The architecture diagram above illustrates the complete AgentSkillOS system, designed as a layered operating system for managing AI agent skills at scale. Let’s break down each component and understand how they work together.

Entry Points Layer

At the top of the architecture, we find three distinct entry points that make AgentSkillOS accessible to different user types and use cases:

  • Web UI: A browser-based graphical interface that provides visual workflow management, real-time execution monitoring, and human-in-the-loop intervention capabilities. This is ideal for developers who want visual feedback and control over skill orchestration.

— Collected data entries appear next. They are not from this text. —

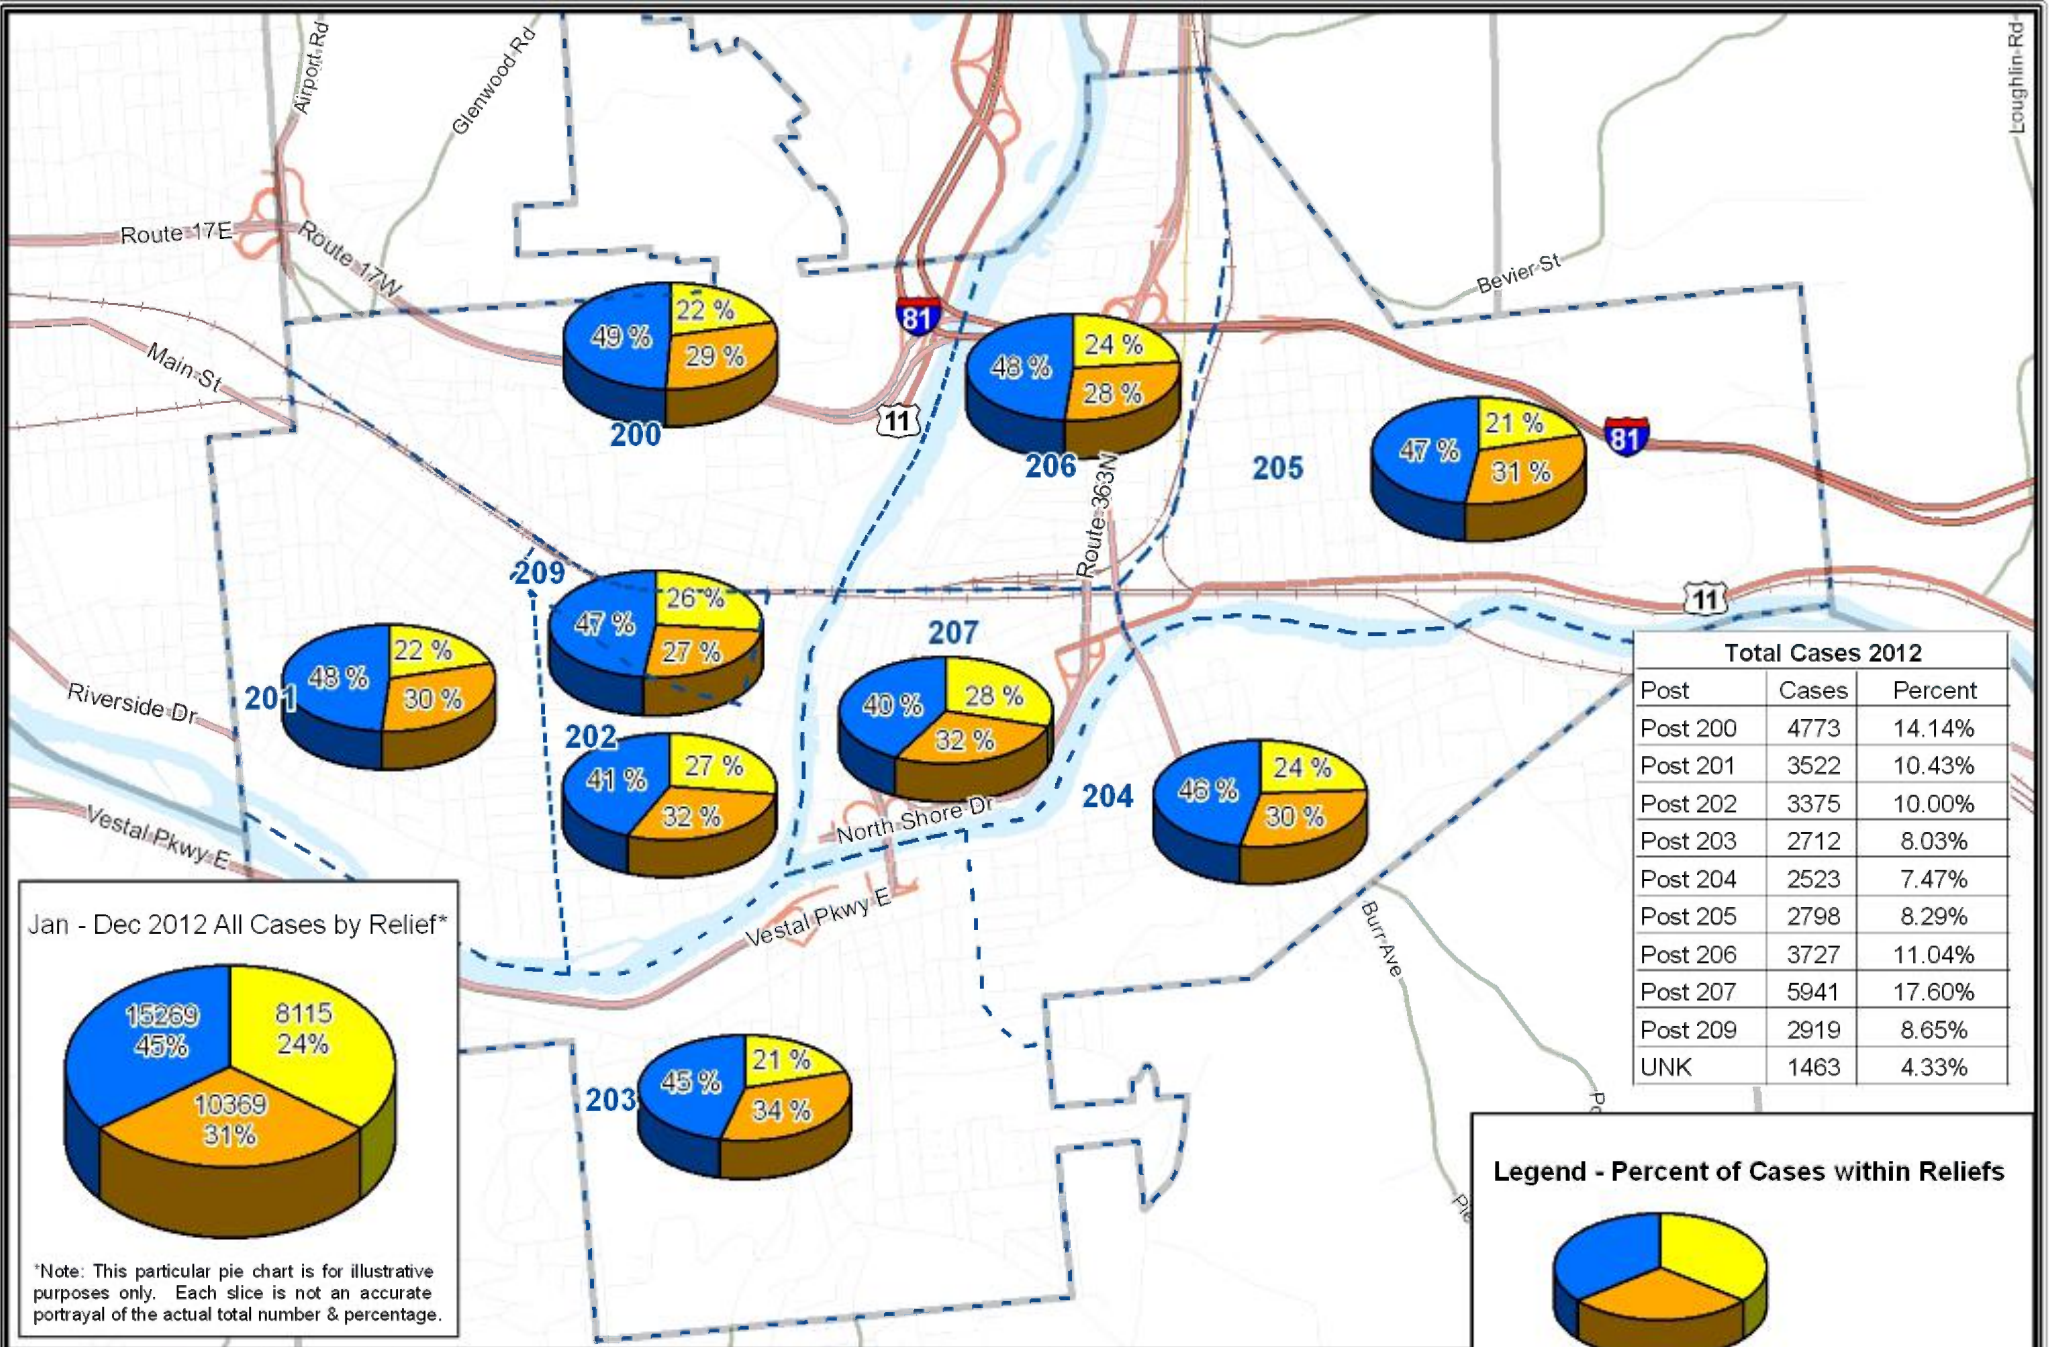

### City of Binghamton Assaults

January 1st to December 31st, 2012

Broome County, New York  
**GIS**  
[www.bcgis.com](http://www.bcgis.com)

**DISCLAIMER:** Broome County does not guarantee the accuracy of the data presented. Information should be used for illustrative purposes only

● Assaults (272)  
**Density of Assaults**  
  
 Less More

**City of Binghamton Burglary**

January 1st to December 31st, 2012

Broome County, New York  
**GIS**  
[www.bcgis.com](http://www.bcgis.com)

DISCLAIMER: Broome County does not guarantee the accuracy of the data presented. Information should be used for illustrative purposes only.

**City of Binghamton Grand Larceny**

January 1st to December 31st, 2012

Broome County, New York  
**GIS**  
[www.bcgis.com](http://www.bcgis.com)

DISCLAIMER: Broome County does not guarantee the accuracy of the data presented. Information should be used for illustrative purposes only

● Grand Larceny (256)  
**Density of Grand Larceny**

Less More

**City of Binghamton Larceny**

January 1st to December 31st, 2012

Broome County, New York  
**GIS**  
[www.bcgis.com](http://www.bcgis.com)

DISCLAIMER: Broome County does not guarantee the accuracy of the data presented. Information should be used for illustrative purposes only

  • Batch CLI: A command-line interface designed for automated, headless execution of multiple tasks. Perfect for CI/CD pipelines, scheduled jobs, or bulk processing scenarios where manual intervention isn’t needed.

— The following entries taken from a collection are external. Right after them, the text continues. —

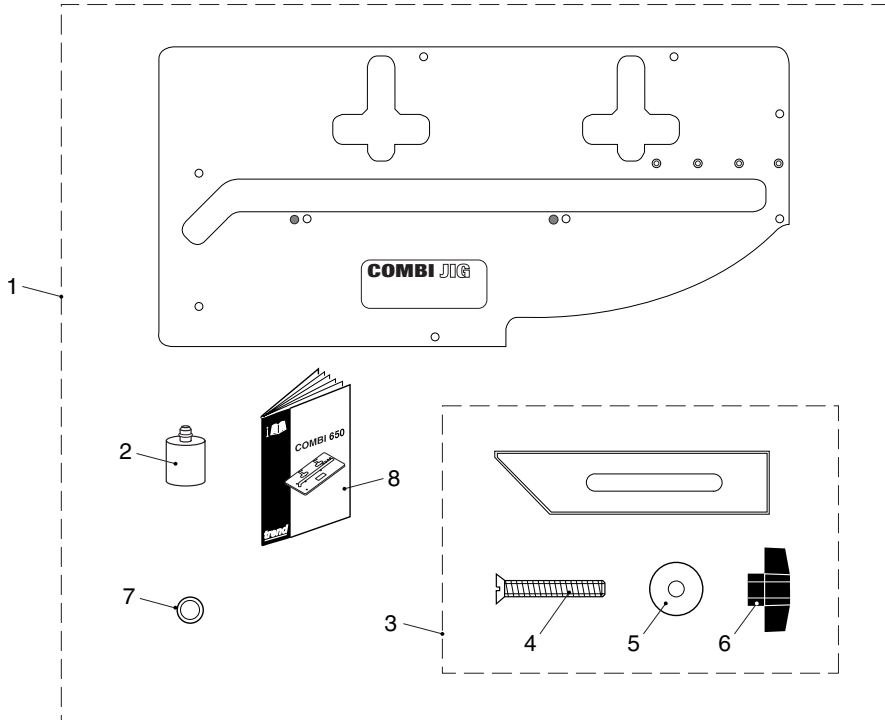

COMBI 651 - SPARE PARTS DIAGRAM

v1.0 04/2003

COMBI 651 - SPARE PARTS LIST			v1.0 04/2003
No.	Qty.	Desc.	Ref.
1	1	Combi 651 Jig	COMBI/651
2	3	Alloy Bush	CJ/BUSH
3	1	Length Setting Stop	CJ/LSK
4	0	Machine Screw Csk M8 x 50mm Slot	WP-SCW/41
5	0	Washer 8.5mm x 32mm x 1.0mm	WP-WASH/17
6	0	Knob M8	WP-KNOB/10
7	0	Combi Jig 'O' Ring Pack for Bushes (pack of 5)	CJ/ORS
8	1	Manual	MANU/651

  • Python API: A programmatic interface for developers who want to integrate AgentSkillOS directly into their applications. This enables custom workflows, embedded skill orchestration, and programmatic control over all system features.

Manager Layer: The Brain of Skill Discovery

The Manager Layer is responsible for discovering and selecting relevant skills from the vast skill pool. It implements two complementary approaches:

  • Tree-based Manager: This innovative approach organizes skills into a hierarchical capability tree. Instead of relying solely on semantic similarity, it navigates through skill categories and subcategories, enabling discovery of non-obvious but functionally relevant skills. For example, when searching for “image processing,” it might discover skills in “data visualization” or “document generation” that could enhance the workflow.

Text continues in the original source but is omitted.